Table 2 shows the Kaplan-Meier estimates of 5-year and 10-year survival probabilities stratified by age, sex, comorbidity, and frailty categories, with associated sample sizes for each subgroup. Survival probabilities generally decreased with age within each subgroup; for example, 10-year survival probabilities for males with low/medium comorbidities and low frailty ranged from 79% at age 66 to 39% at age 80. Survival probabilities decreased as comorbidities increased and as frailty increased.
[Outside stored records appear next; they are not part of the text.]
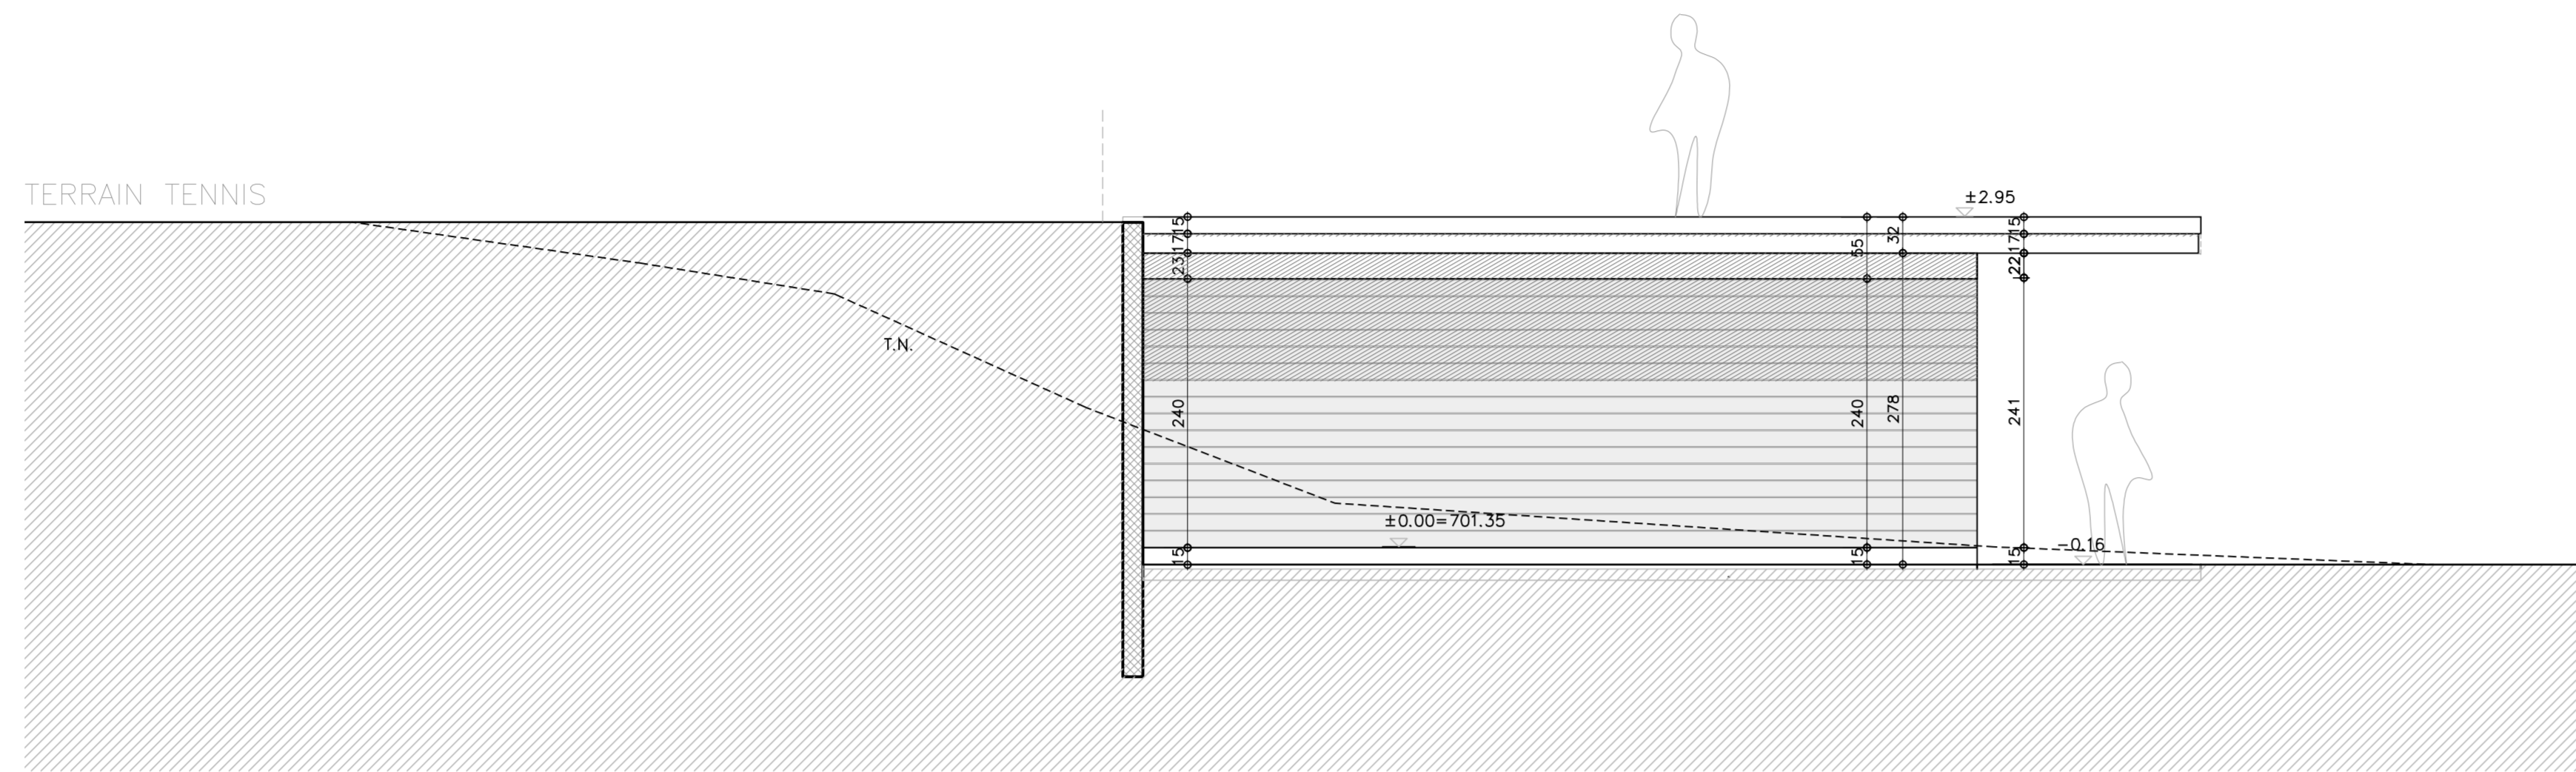

COMMUNE DE BOURG EN LAVAUX

PROPRIETE DE LA COMMUNE DE BOURG-EN-LAVAU
 PARCELLE N° 1515 - SISE AU LIEU-DIT "LA TIOLEYRE"

PROJET DE DEMOLITION DES INSTALLATIONS
 PROVISOIRES EXISTANTES ET DE CONSTRUCTION DE
 LOCAUX VESTIAIRES ET SANITAIRES SEMI-ENTERRES
 AVEC MISE EN PLACE D'UNE CITERNE ENTERREE DE
 GAZ, DE PANNEAUX SOLAIRES ET AMENAGEMENT DE
 TERRAINS DE SPORT MULTIPLES

ELEVATION NORD-OUEST 1:50

ELEVATION SUD-EST 1:50

PREPARATION EXECUTION 147.30.03
ELEVATIONS
VAR. 03 / AVANT-TOIT / BARDAGE

CHEXBRES, LE 02 DECEMBRE 2014
 MODIFIE LE: 14.09.2015

ELEVATION SUD-OUEST 1:50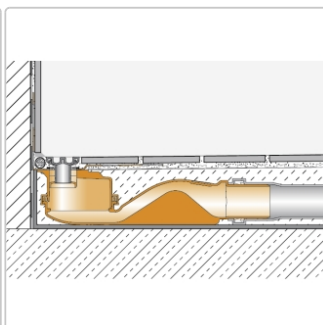

## Produktinformation

Art: Ablaufsystem  
 Eigenschaft: DN 40/50  
 Gewicht: 1,25 kg/Stück  
 Höhe: 65 mm  
 Serie: Kerdi-Line-Vario-H 40  
 Versand-Art: Paketdienst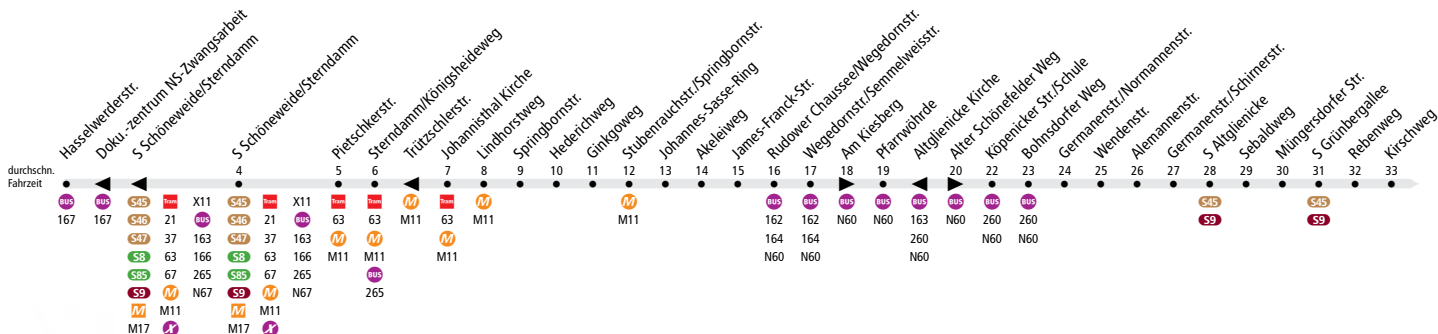

## Schöneweide, Hasselwerderstr. ↔ Altglienicke, Siriusstr.

### BVG

Tarifbereich Berlin  
Teilbereich B

Tarifbereich Berlin  
Teilbereich B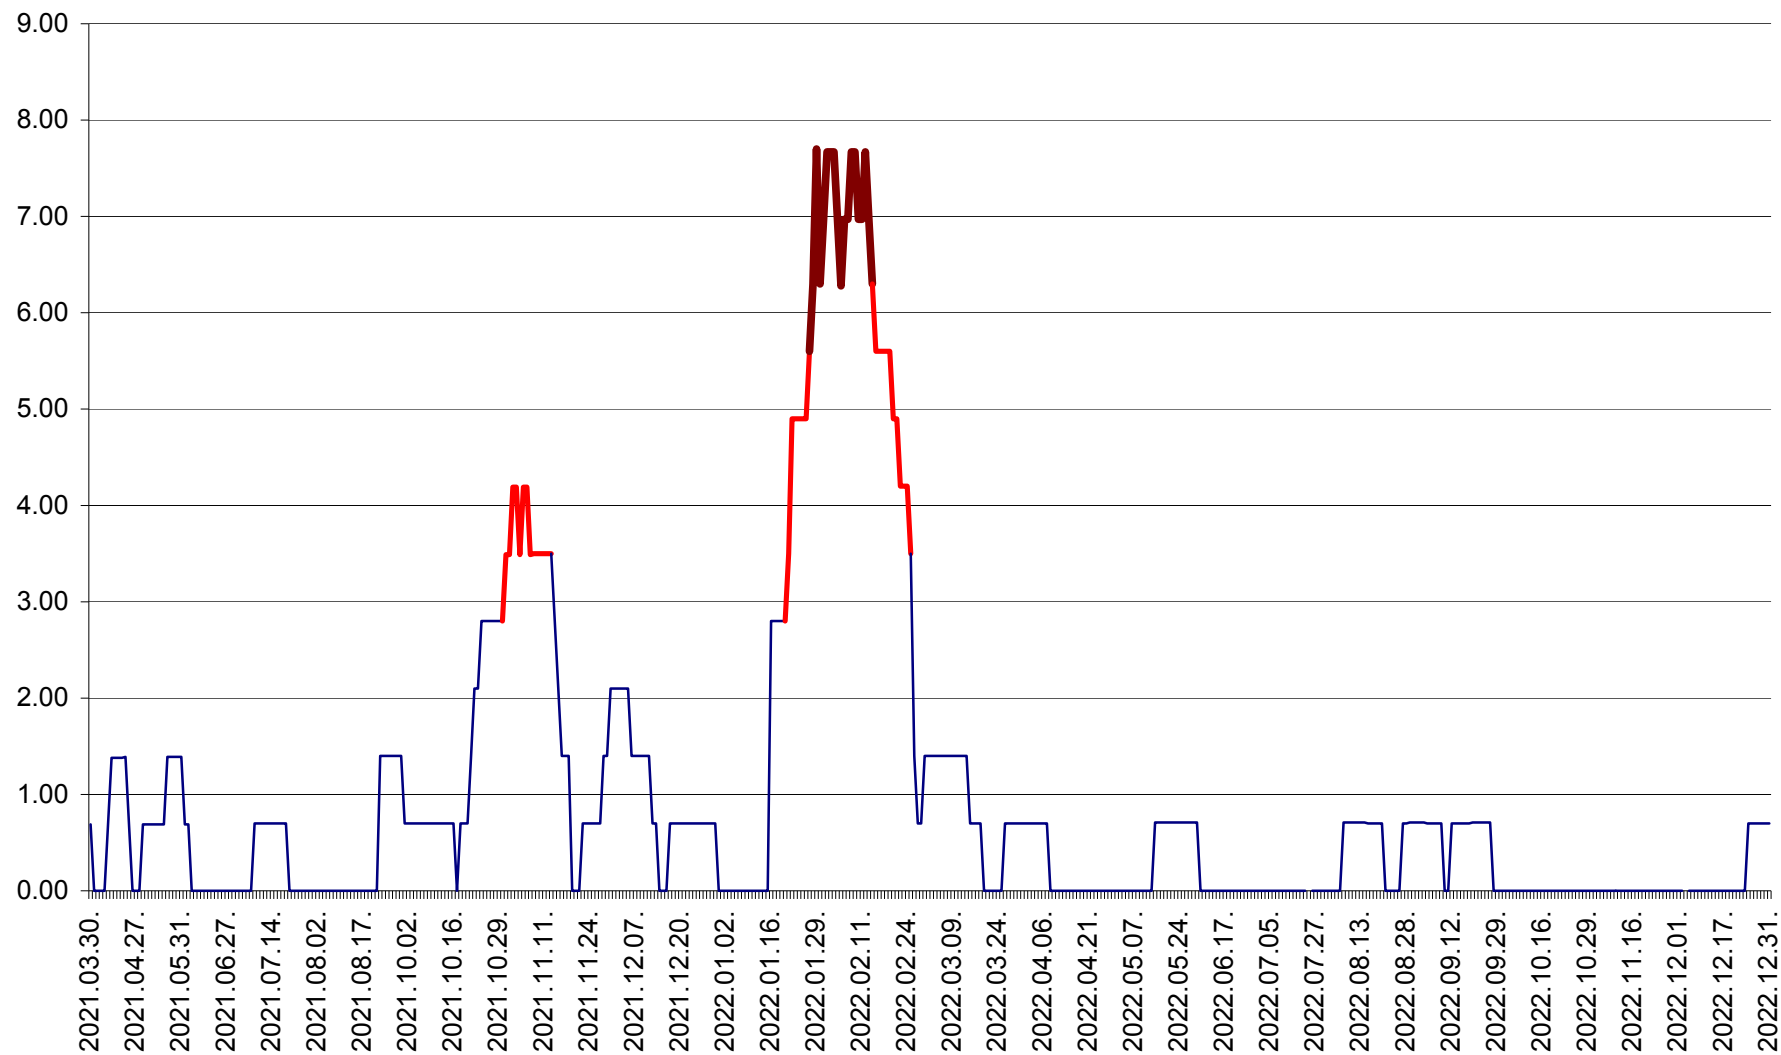

ORAȘ BĂLAN - Evoluția incidenței cumulate pe 14 zile la ‰ de locuitori
2021.04.01. - 2022.12.31.

BILBOR - Evolutia incidentei cumulate pe 14 zile la ‰ de locuitori
2021.04.01. - 2022.12.31.

ORAȘ BORSEC - Evolutia incidentei cumulate pe 14 zile la ‰ de locuitori
2021.04.01. - 2022.12.31.

BRĂDEȘTI - Evolutia incidentei cumulate pe 14 zile la ‰ de locuitori
2021.04.01. - 2022.12.31.

CĂPÂLNIȚA - Evolutia incidentei cumulate pe 14 zile la ‰ de locuitori
2021.04.01. - 2022.12.31.

CÂRȚA - Evolutia incidentei cumulate pe 14 zile la ‰ de locuitori
2021.04.01. - 2022.12.31.

CICEU - Evolutia incidentei cumulate pe 14 zile la ‰ de locuitori
2021.04.01. - 2022.12.31.

CIUCSÂNGEORGIU - Evolutia incidentei cumulate pe 14 zile la ‰ de locuitori
2021.04.01. - 2022.12.31.

CIUMANI - Evolutia incidentei cumulate pe 14 zile la ‰ de locuitori
2021.04.01. - 2022.12.31.

CORBU - Evolutia incidentei cumulate pe 14 zile la ‰ de locuitori
2021.04.01. - 2022.12.31.

CORUND - Evolutia incidentei cumulate pe 14 zile la ‰ de locuitori
2021.04.01. - 2022.12.31.

COZMENI - Evolutia incidentei cumulate pe 14 zile la ‰ de locuitori
2021.04.01. - 2022.12.31.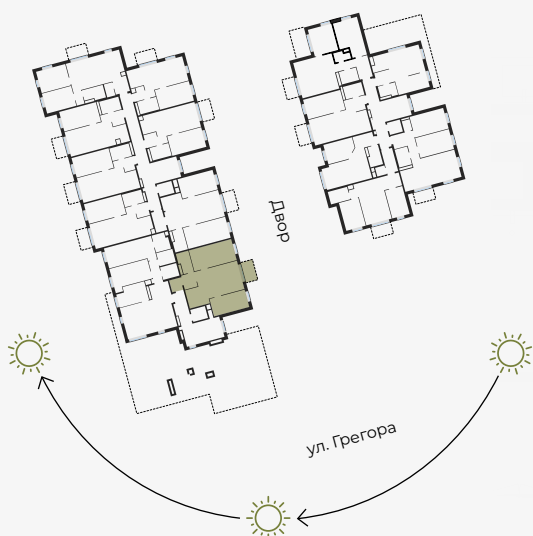

6 этаж, Грегора 2А, Рига

Квартира № 31

#	ПОМЕЩЕНИЕ	М ²
1	Прихожая	6,29
2	Санузел	4,80
3	Гостиная-Кухня	28,27
4	Спальня	11,68
5	Спальня	16,97
6	Балкон	3,97

Жилая площадь 68,01

Общая площадь 71,98

МАСШТАБ 1:80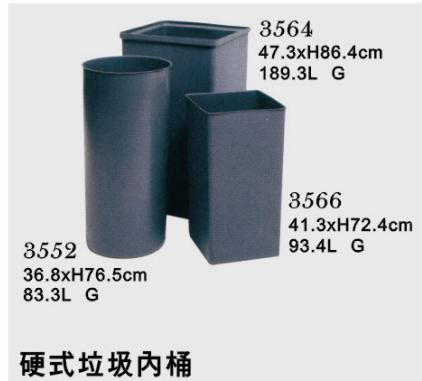

I04-10L
10公升翻蓋垃圾桶
24.3x24.3xH37.5cm

腳踏式垃圾桶
I03-04, I03-07 36x26xH47cm

2541 垃圾桶
28.3x21xH31.1cm
13.2L LB,BK,LG

2540 垃圾桶
22.5x16.2xH26.2cm
6.6L LB

2544 垃圾桶
38.1x28.6xH50.8cm
37.9L LB

2543 垃圾桶
36.8x26.7xH38.9cm
14.4L LB,BK,LG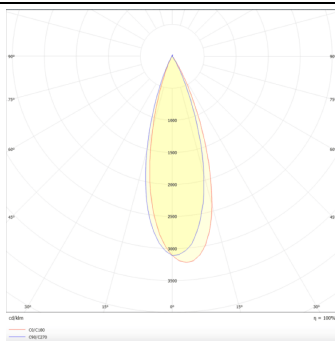

### PRO-DR

Downlight Lavov de la familia PRO-DR con una potencia de 28,7W y una optica de 36 grados.CCT 3000K. Con un flujo luminoso total de 2336lm y una eficacia luminosa de 81,4 lm/W. Driver DALI.Fabricado en aluminio inyectado a presión y acabado en color Silver.

### Esquema

### Curva fotométrica

<b>Producto</b>	
<b>Potencia real (W)</b>	<b>28.7</b>
<b>Flujo luminoso real (lm)</b>	<b>2336</b>
<b>Eficacia luminosa (lm/W)</b>	<b>81.400000000000006</b>
<b>Ángulo de apertura</b>	<b>36</b>
<b>Life time (h)</b>	<b>50000 h L80B10</b>
<b>IP</b>	<b>20</b>
<b>Color</b>	<b>Silver</b>
<b>Driver incluido</b>	<b>Si</b>
<b>Equipo</b>	<b>DALI</b>
<b>Flicker Free</b>	<b>Si</b>
<b>Light source</b>	<b>LED</b>
<b>Type of LED</b>	<b>COB</b>
<b>Temperatura de color (K)</b>	<b>3000</b>
<b>Consistencia de color (SDCM)</b>	<b>SDCM&lt;3</b>
<b>CRI</b>	<b>90</b>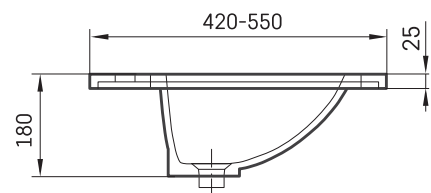

OVO MTM CS

ТЕХНИЧЕСКАЯ ИНФОРМАЦИЯ

Размер: 650 x 420-550 мм, h = 25 мм

Дополнительно:

Кронштейн 400 мм: IZKSS400GB1/00

Кронштейн 480 мм: IZKSS480GB1/00

ТЕХНИЧЕСКИЕ ЧЕРТЕЖЫ

Посмотреть продукт: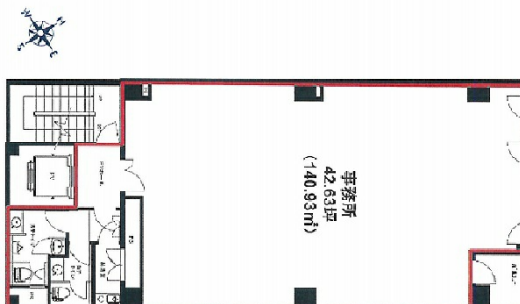

HF池袋ビル 9階42.63坪

東京都豊島区南池袋2-29-12

物件MAP

賃貸条件	
坪数	42.63坪
階数	9階 (契約予定)
入居可能日	
ビル情報	
所在地	東京都豊島区南池袋2-29-12
最寄り駅	東京メトロ有楽町線 東池袋駅 徒歩3分 JR埼京線 池袋駅 徒歩5分 JR山手線 池袋駅 徒歩5分 東京メトロ丸ノ内線 池袋駅 徒歩5分 東京メトロ有楽町線 池袋駅 徒歩5分
エリア	池袋エリア
竣工	1993年12月
耐震	新耐震基準
階数	地上9階 地下1階
用途	事務所
構造	S造
設備情報	
エレベーター	1基
空調	個別空調
OAフロア	OAフロア
基準階天井高	2,460mm
光ファイバー	有り
トイレ	男女共用・室内
セキュリティ	有り
駐車場	無し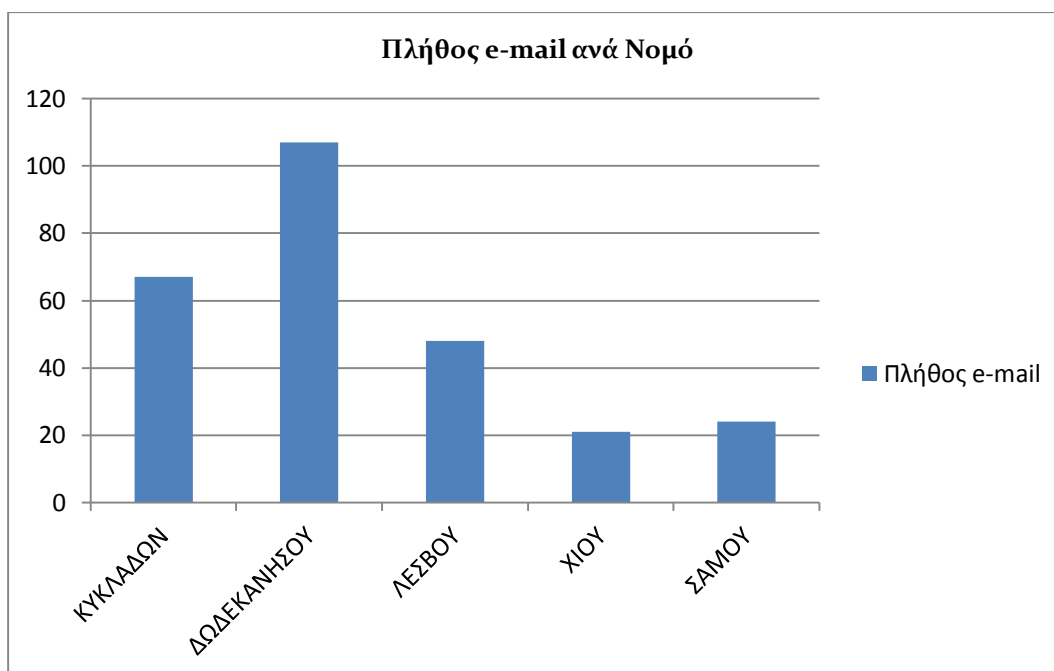

3.2 ΕΙΣΕΡΧΟΜΕΝΑ E-MAIL

Τα στοιχεία για το πλήθος των εισερχομένων e-mail που δέχτηκε το Helpdesk παρουσιάζονται στη συνέχεια με βάση:

- την γεωγραφική περιοχή προέλευσης (νομός)
- τον μήνα του 2ου εξαμήνου του 2014 εντός του οποίου έγιναν οι κλήσεις
- το e-mail του helpdesk που δέχτηκε τα fax.

Ο συνολικός αριθμός εισερχομένων e-mail που δέχτηκε το Helpdesk είναι **267**.

Ο Πίνακας 15 και το αντίστοιχο Γράφημα 15 αποτυπώνουν το πλήθος των εισερχόμενων e-mail στο Helpdesk σύμφωνα με τον κωδικό αριθμό κλήσης ανά Νομό προέλευσης.

Νομός	Πλήθος e-mail
ΚΥΚΛΑΔΩΝ	67
ΔΩΔΕΚΑΝΗΣΟΥ	107
ΛΕΣΒΟΥ	48
ΧΙΟΥ	21
ΣΑΜΟΥ	24
Σύνολο	267

Πίνακας 15. Αριθμός εισερχομένων E-MAIL ανά νομό

Πίνακας 15. Αριθμός εισερχομένων E-MAIL ανά νομό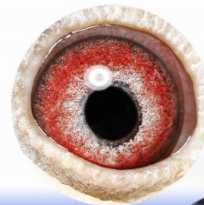

KOSTORZ JERZY - ŻÓŁKIEWICZ RYSZARD
ODDZIAŁ 0268 ZAWADZKIE
TEL: +48 664-477-422
E-MAIL: JKOSTORZ@POCZTA.ONET.PL

PHOTOGRAPHY:
+48 502 177 762

For example, a 70-year-old male with low/medium comorbidities and low frailty had a 10-year survival probability of 70%. If he were to have high frailty instead of low frailty, the 10-year survival probability is lowered to 55%. If he were to have high comorbidities instead of low/medium comorbidities, the 10-year survival probability is lowered to 48%. The overall survival of our study cohort closely matched that of the U.S. older adults in sensitivity analyses (Figure S2).
 
The corresponding median life expectancies stratified by age, sex, comorbidity, and frailty categories are shown in Table 3. For some subgroups at younger ages (66 to 70) with no comorbidities or low/medium comorbidities and/or low frailty, survival over the study period was too high to estimate median life expectancies (Not Reached [NR]). The corresponding 5- and 10-year survival probabilities could be used to inform clinical decisions in these cases. Conversely, for certain subgroups at older ages, there was insufficient sample size to make estimates. Within the same comorbidity categories, frailty status (high versus low frailty) changed estimated life expectancies, ranging from 0.4 years for 80-year-old males with low/medium comorbidities to as much as 7.2 years for 66-year-old females with high comorbidities. For a number of these subgroups, the change in estimated life expectancies altered whether the individual would be categorized as having "limited life expectancy" of <10 years versus >10 years and would potentially lead to different preventive care decisions. For example, a 70-year-old female with high comorbidities and low frailty would still have a median life expectancy of 12.5 years, whereas an individual with the same age and comorbidity status but high frailty would have a median life expectancy of 7.8 years. In the latter individual, routine screening for breast and colorectal cancers may no longer be recommended even though she is well below the age of 75 years, which is normally considered as the threshold for cessation of screening. We illustrate the effect of frailty status on survival in a hypothetical 70-year-old woman by showing the Kaplan-Meier analyses for each possible combination of comorbidity and frailty categories in Figure 2.